# SQL Final project

# Description

**A startup looking to develop a new online books platform, and want to conclude which publishers, authors and books are more popular by analyzing a database of one of the services competing in this market.**

In [1]:
import pandas as pd
import numpy as np
import matplotlib as mpl

from sqlalchemy import create_engine

In [2]:
db_config = {'user': 'practicum_student',         # username
             'pwd': 's65BlTKV3faNIGhmvJVzOqhs', # password
             'host': 'rc1b-wcoijxj3yxfsf3fs.mdb.yandexcloud.net',
             'port': 6432,              # connection port
             'db': 'data-analyst-final-project-db'}          # the name of the database

connection_string = 'postgresql://{}:{}@{}:{}/{}'.format(db_config['user'],
                                                                     db_config['pwd'],
                                                                       db_config['host'],
                                                                       db_config['port'],
                                                                       db_config['db'])

engine = create_engine(connection_string, connect_args={'sslmode':'require'})

In [3]:
def column_change(df, placed_column, replaced_column):
    temp = df[replaced_column].copy()
    df[replaced_column] = df[placed_column]
    df[placed_column] = temp
    df.rename(columns = {placed_column:'temp'}, inplace = True)
    df.rename(columns = {replaced_column:placed_column}, inplace = True)
    df.rename(columns = {'temp':replaced_column}, inplace = True)

In [4]:
def cell_change(df, column, placed_cell, replaced_cell):
    temp = df.loc[placed_cell, column]
    df.loc[placed_cell, column] = df.loc[replaced_cell, column] 
    df.loc[replaced_cell, column] = temp

In [5]:
pd.set_option('display.max_colwidth', 0)

In [6]:
dfs = {'books', 'authors', 'publishers', 'ratings', 'reviews'}

In [7]:
diagram = pd.DataFrame()
for df in sorted(dfs):
    query = ''' SELECT *
                FROM {}
                LIMIT 5
            '''.format(df)
    query = pd.io.sql.read_sql(query, con = engine)
    
    columns = pd.DataFrame(data = query.columns)
    columns.rename(columns = {0:df}, inplace = True)
    diagram = pd.concat([diagram, columns], axis = 1)

column_change(diagram, 'books', 'authors')
column_change(diagram, 'ratings', 'authors')
column_change(diagram, 'reviews', 'publishers')
cell_change(diagram, 'ratings', 1, 0)
cell_change(diagram, 'reviews', 1, 0)
cell_change(diagram, 'authors', 0, 1)
cell_change(diagram, 'publishers', 0, 5)
diagram = diagram.reindex([0,1,5,2,3,4])

diagram.style.applymap(lambda x: "color: red" 
                       if (x == 'book_id')
                       or (x == 'author_id')
                       or (x == 'author_id')
                       or (x == 'publisher_id')
                       else "color: black")

Unnamed: 0,books,ratings,reviews,authors,publishers
0,book_id,book_id,book_id,author,
1,author_id,rating_id,review_id,author_id,publisher
5,publisher_id,,,,publisher_id
2,title,username,username,,
3,num_pages,rating,text,,
4,publication_date,,,,


In [8]:
for df in dfs:
    query = ''' SELECT *
                FROM {}
                LIMIT 5
            '''.format(df)
    query = pd.io.sql.read_sql(query, con = engine)
    display(query)

Unnamed: 0,review_id,book_id,username,text
0,1,1,brandtandrea,Mention society tell send professor analysis.
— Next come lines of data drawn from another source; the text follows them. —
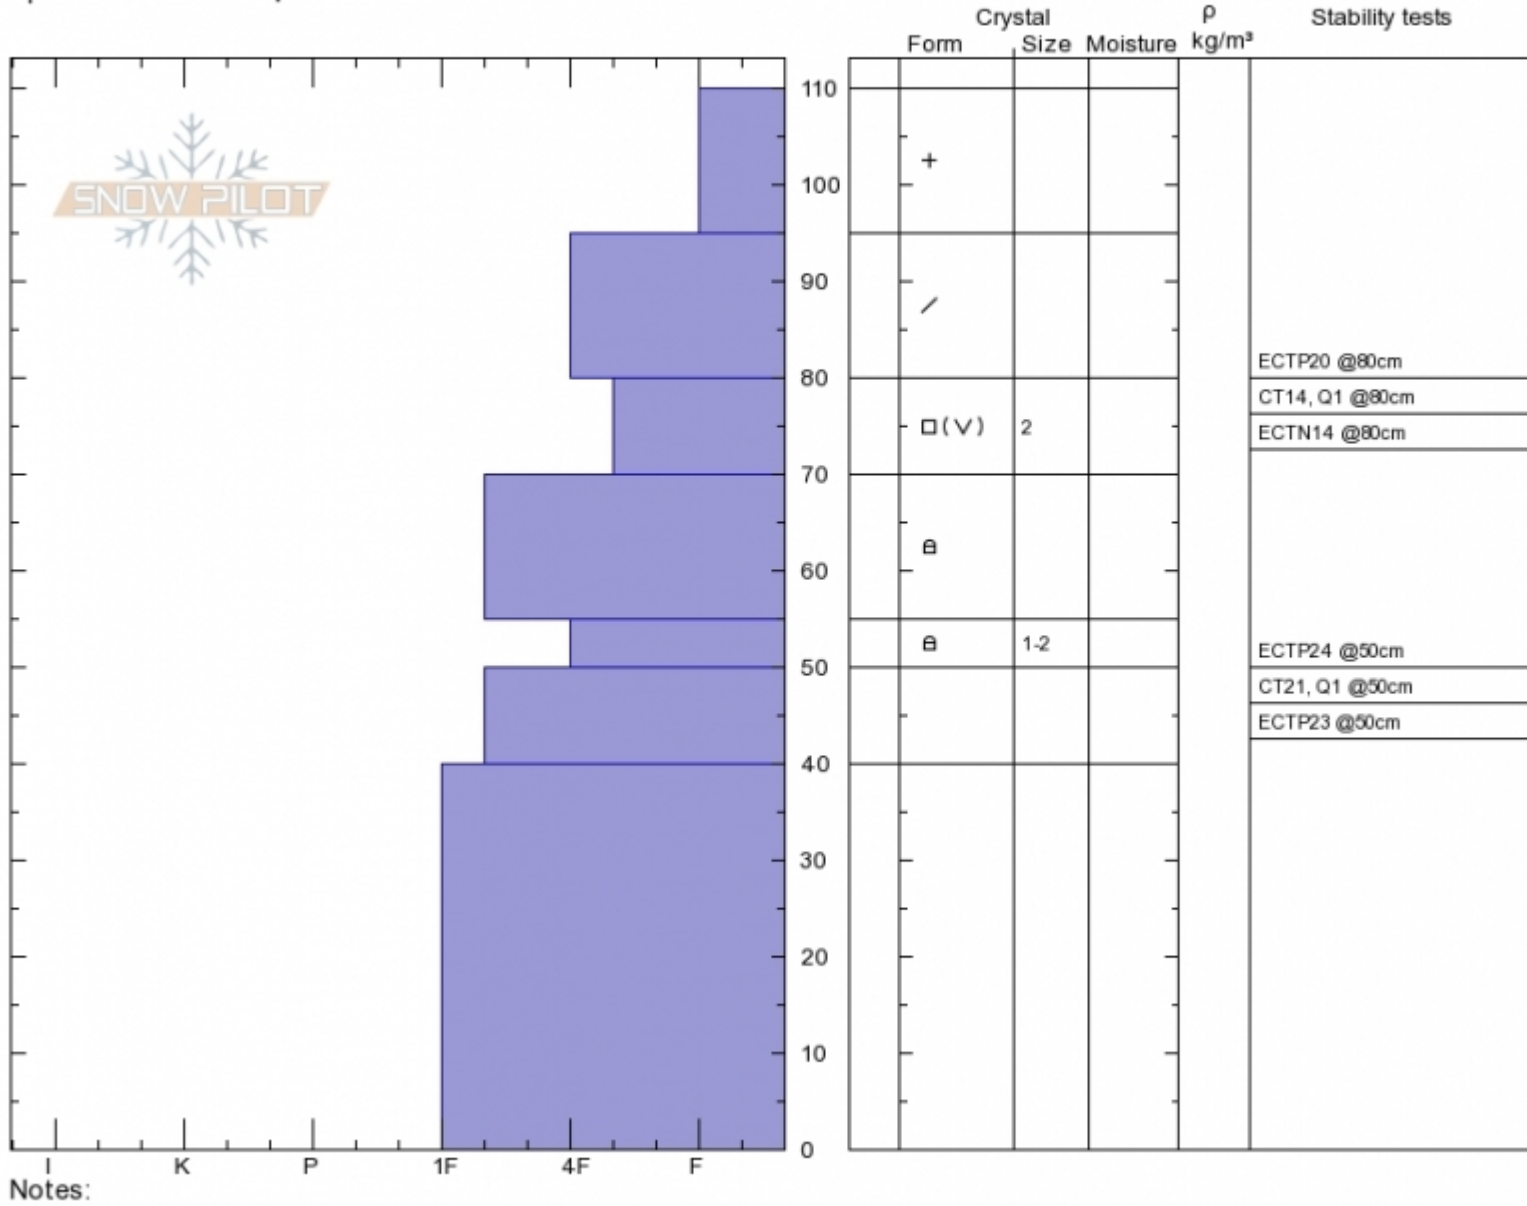

Wade's - Lulu Pass
 Cooke City
 MT
 Elevation: 9500 ft
 Aspect: 150°
 Specifics: We skied slope

Alex Marienthal
 Thu Dec 20 13:30 2018
 Co-ord: 45.06800N, -109.95224W
 Slope Angle: 23°
 Wind Loading: yes

Stability: Fair
 Air Temperature:
 Sky Cover: OVC
 Precipitation: S-1
 Wind: N Light Breeze

HS110
 Stability Test Notes

Layer No

Advisory Region
 Cooke City
 Longitude
 -109.95W
 Latitude
 45.07N
 Cooke City, 2018-12-22

Over provide race technology continue these.
1,2,1,ryanfranco,Foot glass pretty audience hit themselves. Among admit investment argue security.
2,3,2,lorichen,Listen treat keep worry. Miss husband tax but person sport treatment industry. Kitchen decision deep the. Social party body the.
3,4,3,johnsonamanda,Finally month interesting blue could nature cultural bit. Prepare beat finish grow that smile teach. Dream me play near.
4,5,3,scotttamara,Nation purpose heavy give wait song will. List dinner another whole positive radio fast. Music staff many green.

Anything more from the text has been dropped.